## Data extract
-=-=-

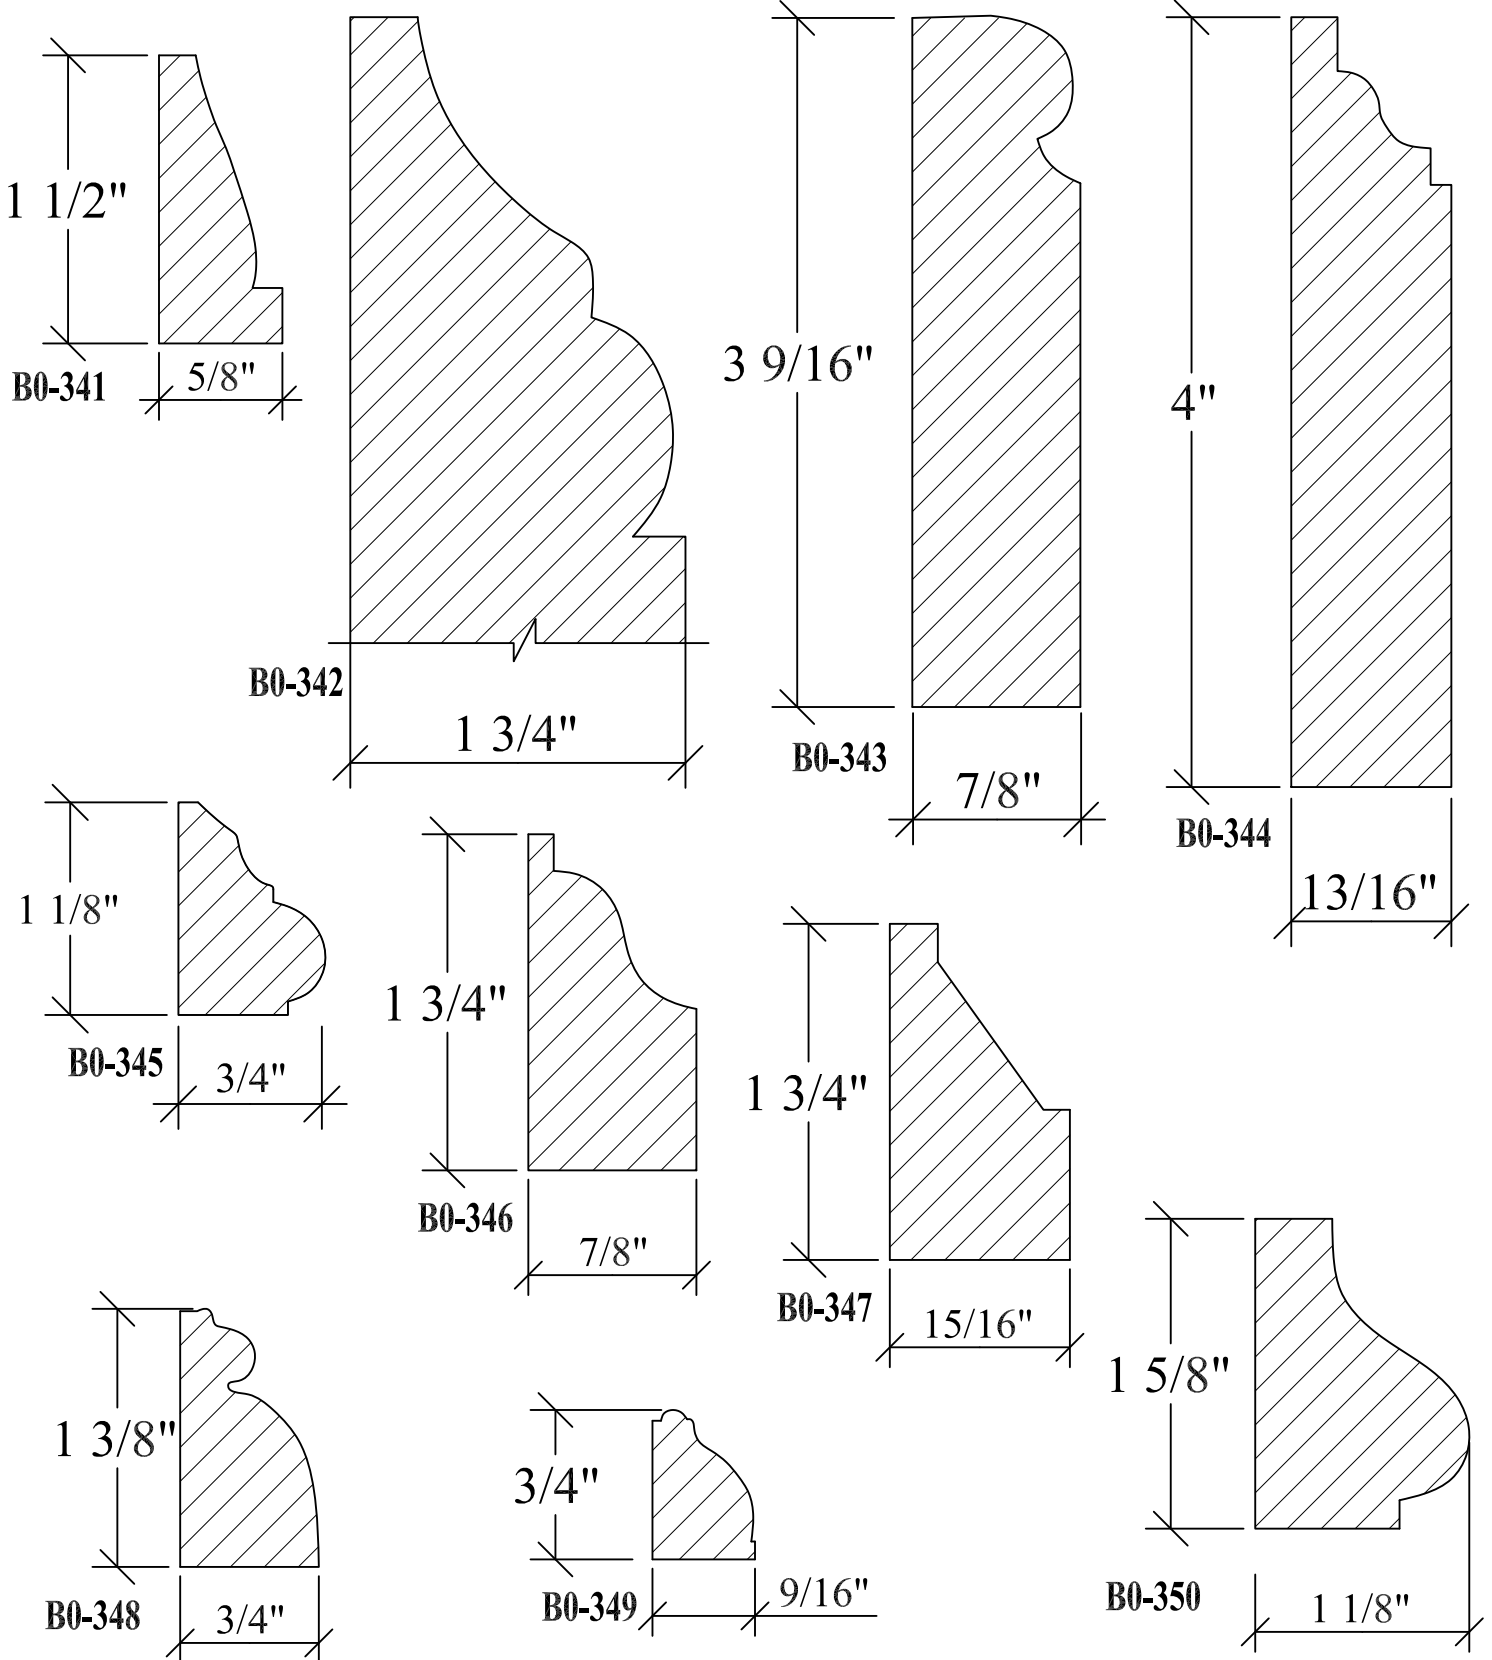

Base & Base Caps
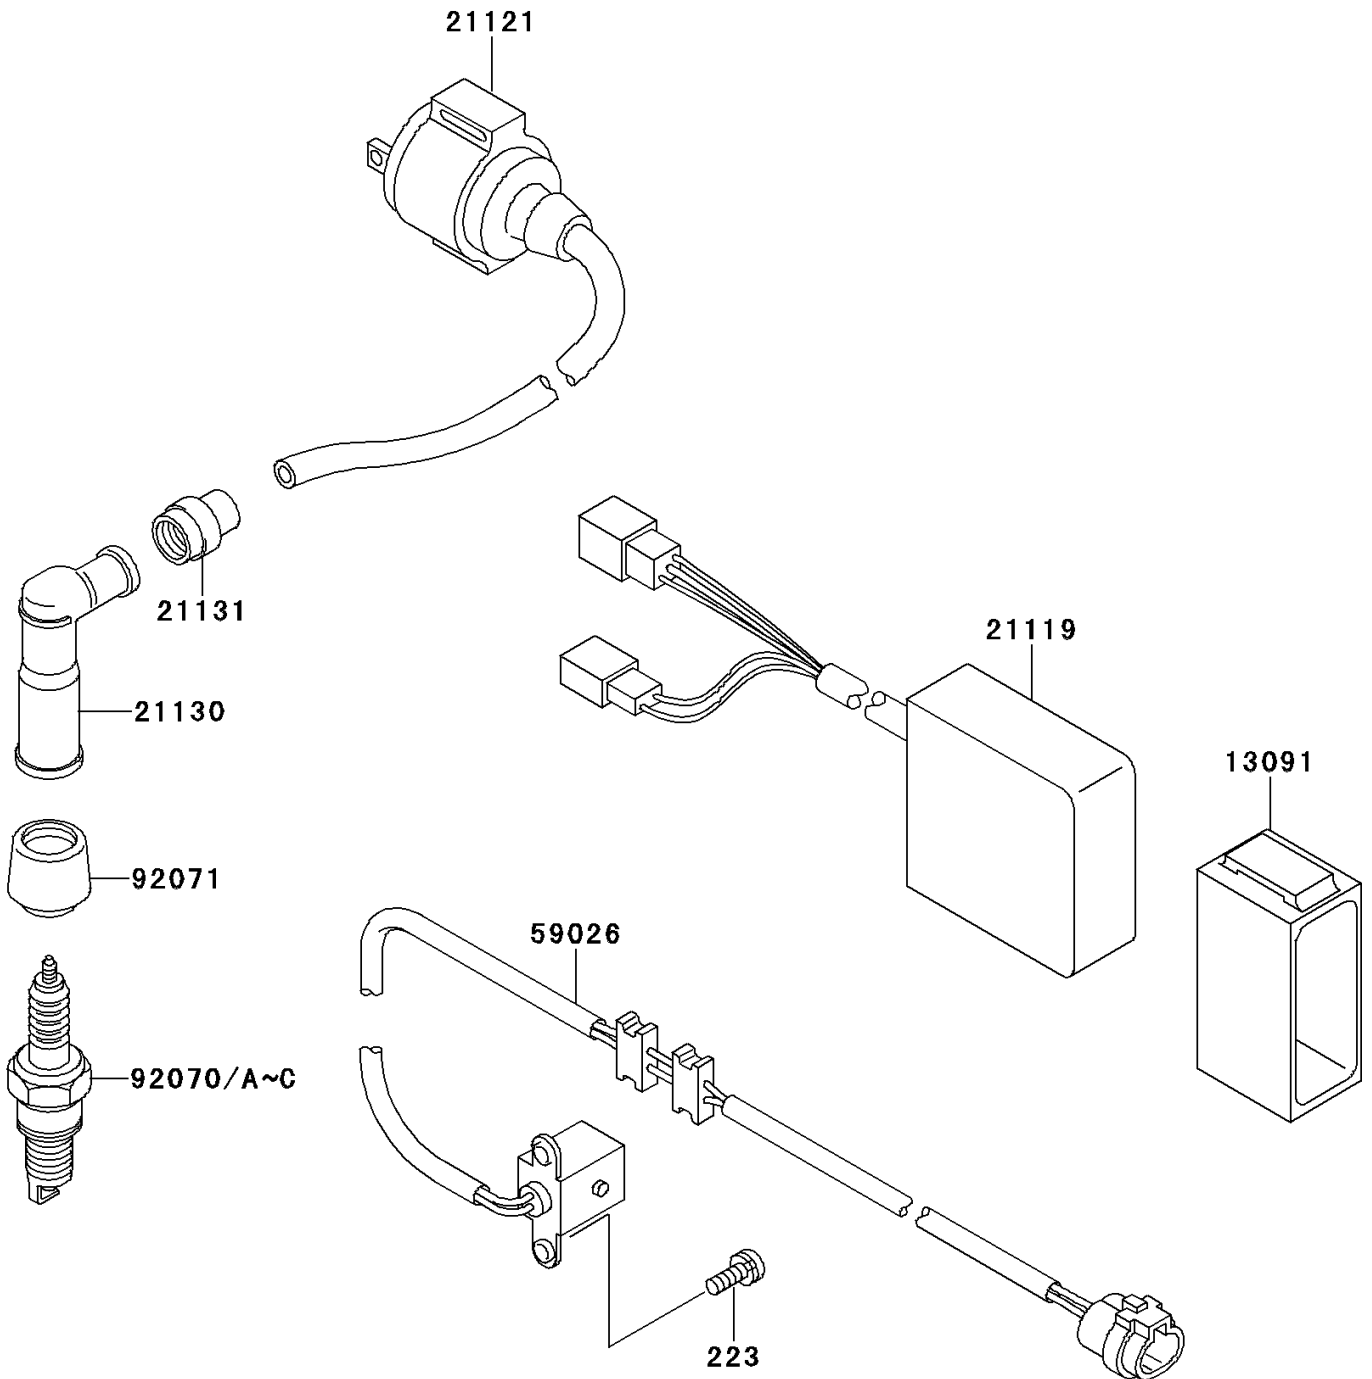

2000 Mojave 250

PARTS DIAGRAM

Ignition System

E1830

2000 Mojave 250

PARTS LIST

Ignition System

ITEM NAME

PART NUMBER

QUANTITY
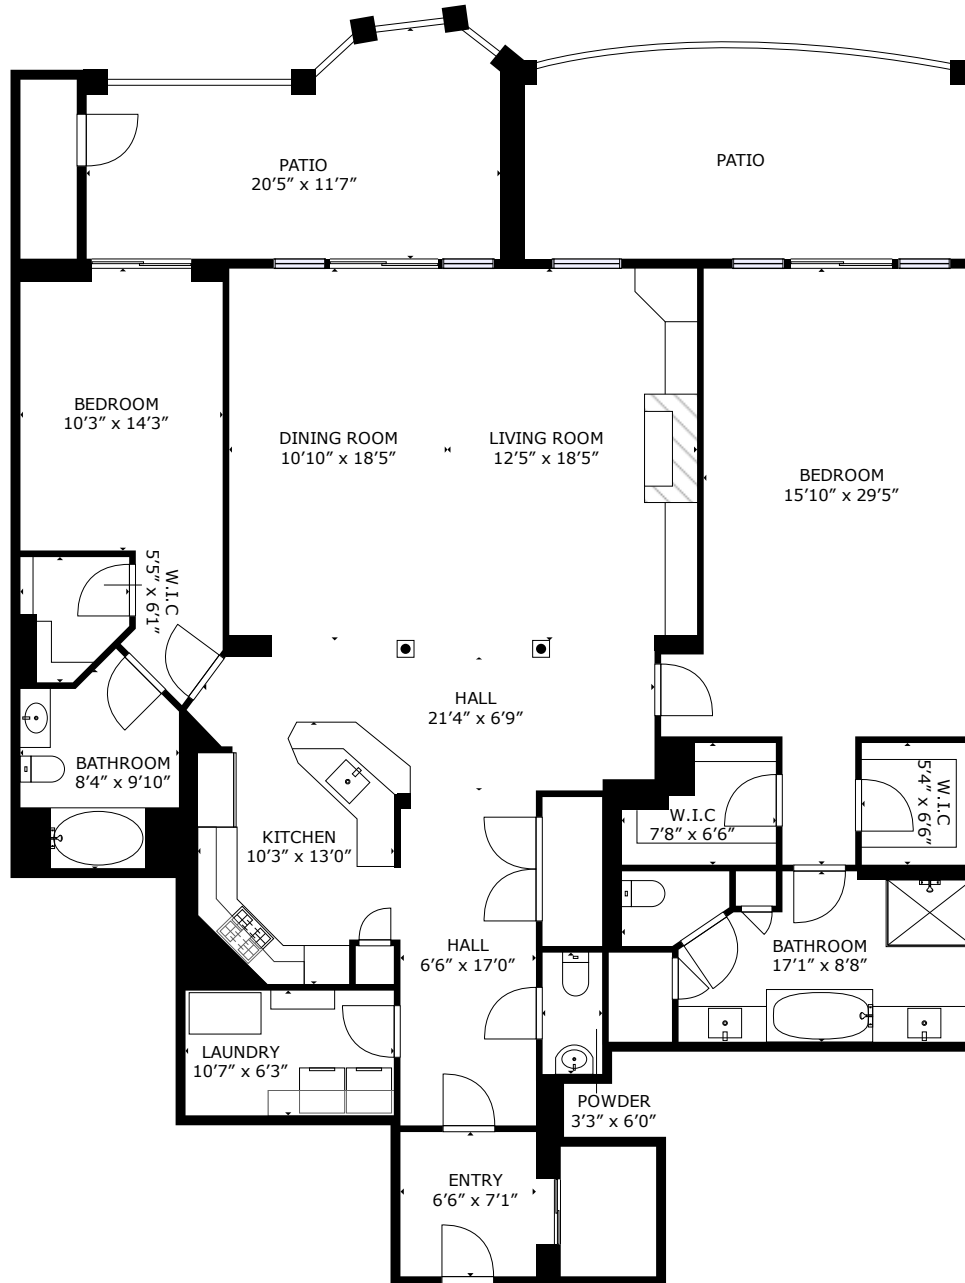

224 S Plaza Court 110

Renaissance On Chas Harbor | Mount Pleasant, SC 29464

GROSS INTERNAL AREA
EXCLUDED AREAS: PATIO: 215 sq.ft
TOTAL: 2024 sq.ft

SIZES AND DIMENSIONS ARE APPROXIMATE, ACTUAL MAY VARY.
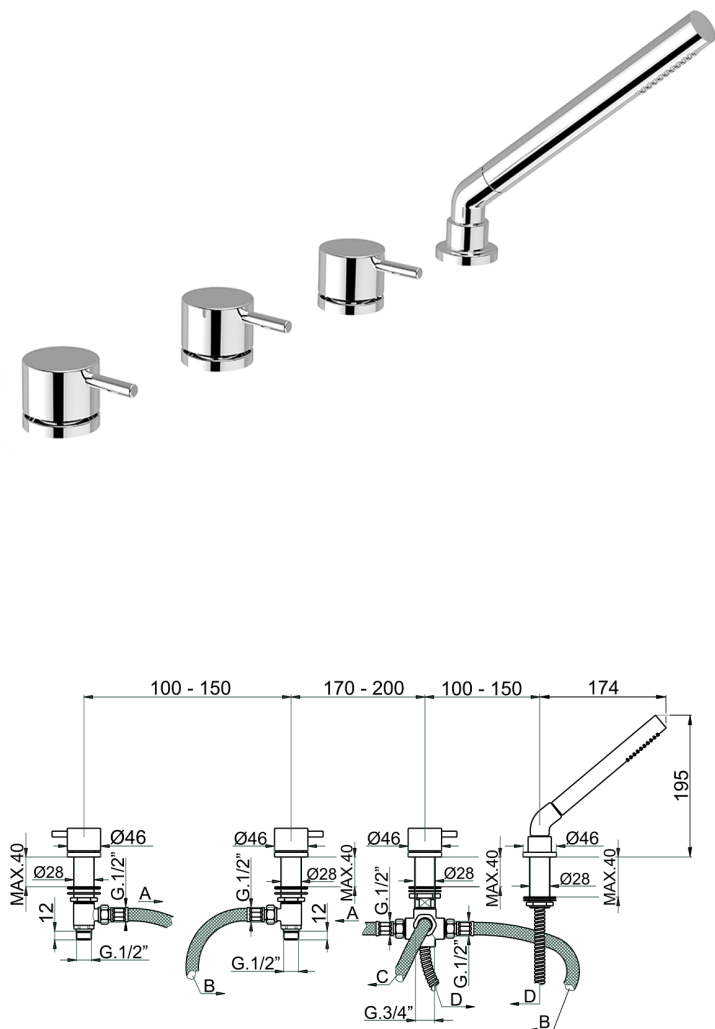

Deck-mounted 4-hole bath mixer M32_MT000290

MODEL **MT000290**

Deck-mounted 4-hole bath mixer, automatic diverter, 23 mm Brass One Spray handshower, 175 cm Brass flexible hose

AVAILABLE FINISHINGS

-  **21** 21 Chrome
-  **26** 26 Old Copper
-  **2F** 2F Brushed Nickel
-  **2W** 2W Brushed Gold
-  **40** 40 Matt Black
-  **4Q** 4Q Matt White
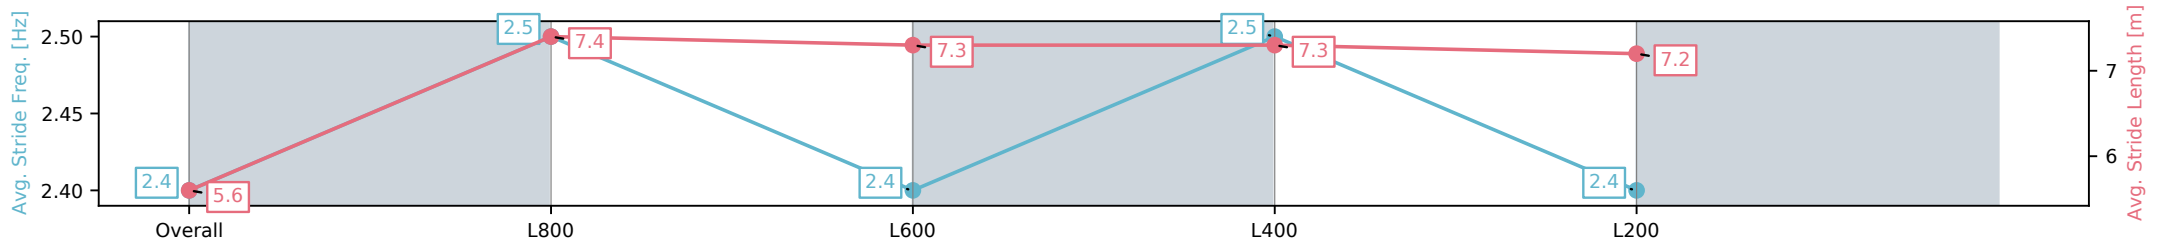

Morphettville Parks SA - Professional

Race 3: Quayclean Handicap - 1000m

26 December 2024 - 2:08PM

Track Rating: Good 4, Weather: Fine, Rail Position: +9m
1000m-400m, +7m Remainder

Section	Overall	L800	L600	L400	L200
Section Times	0:59.55 [5] (0:14.85)	0:44.70 [6] (0:10.80)	0:33.90 [4] (0:11.37)	0:22.53 [3] (0:11.09)	0:11.44 [4] (0:11.44)
Average Speed [km/h]	48.5	67.3	64.4	65.3	62.8
Top Speed [km/h]	68.5	69.5	65.5	65.9	64.5
Avg. Dist. to Rail [m]	7.0	3.1	2.8	3.9	5.3
Avg. Stride Freq. [Hz]	2.4	2.5	2.4	2.5	2.4
Avg. Stride Length [m]	5.6	7.4	7.3	7.3	7.2
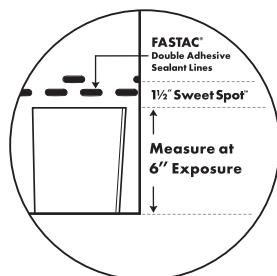

Bigger, Faster, Better

A bigger shingle means better protection, faster installation, and stunning curb appeal.

The high performance shingle design in HP42® shingles provides more coverage due to a wider and taller format, displaying a greater exposure of our designer shingles.

Pinnacle® shingles with HP42® technology feature the Sweet Spot™ nailing area and double FASTAC® sealant line, ensuring your shingles will stay put for a more secure seal and enhanced wind protection up to 130 mph.

-=-=-

## Problem
Copy every record character for character. Skip the pictures.

## Answer below
Base & Base Caps

2000 Mojave 250

PARTS DIAGRAM

Ignition System

E1830

2000 Mojave 250

PARTS LIST

Ignition System

ITEM NAME

PART NUMBER

QUANTITY

224 S Plaza Court 110

Renaissance On Chas Harbor | Mount Pleasant, SC 29464

GROSS INTERNAL AREA
EXCLUDED AREAS: PATIO: 215 sq.ft
TOTAL: 2024 sq.ft

SIZES AND DIMENSIONS ARE APPROXIMATE, ACTUAL MAY VARY.

Deck-mounted 4-hole bath mixer M32_MT000290

MODEL **MT000290**

Deck-mounted 4-hole bath mixer, automatic diverter, 23 mm Brass One Spray handshower, 175 cm Brass flexible hose

AVAILABLE FINISHINGS

-  **21** 21 Chrome
-  **26** 26 Old Copper
-  **2F** 2F Brushed Nickel
-  **2W** 2W Brushed Gold
-  **40** 40 Matt Black
-  **4Q** 4Q Matt White

Morphettville Parks SA - Professional

Race 3: Quayclean Handicap - 1000m

26 December 2024 - 2:08PM

Track Rating: Good 4, Weather: Fine, Rail Position: +9m
1000m-400m, +7m Remainder

Section	Overall	L800	L600	L400	L200
Section Times	0:59.55 [5] (0:14.85)	0:44.70 [6] (0:10.80)	0:33.90 [4] (0:11.37)	0:22.53 [3] (0:11.09)	0:11.44 [4] (0:11.44)
Average Speed [km/h]	48.5	67.3	64.4	65.3	62.8
Top Speed [km/h]	68.5	69.5	65.5	65.9	64.5
Avg. Dist. to Rail [m]	7.0	3.1	2.8	3.9	5.3
Avg. Stride Freq. [Hz]	2.4	2.5	2.4	2.5	2.4
Avg. Stride Length [m]	5.6	7.4	7.3	7.3	7.2

Bigger, Faster, Better

A bigger shingle means better protection, faster installation, and stunning curb appeal.

The high performance shingle design in HP42® shingles provides more coverage due to a wider and taller format, displaying a greater exposure of our designer shingles.

Pinnacle® shingles with HP42® technology feature the Sweet Spot™ nailing area and double FASTAC® sealant line, ensuring your shingles will stay put for a more secure seal and enhanced wind protection up to 130 mph.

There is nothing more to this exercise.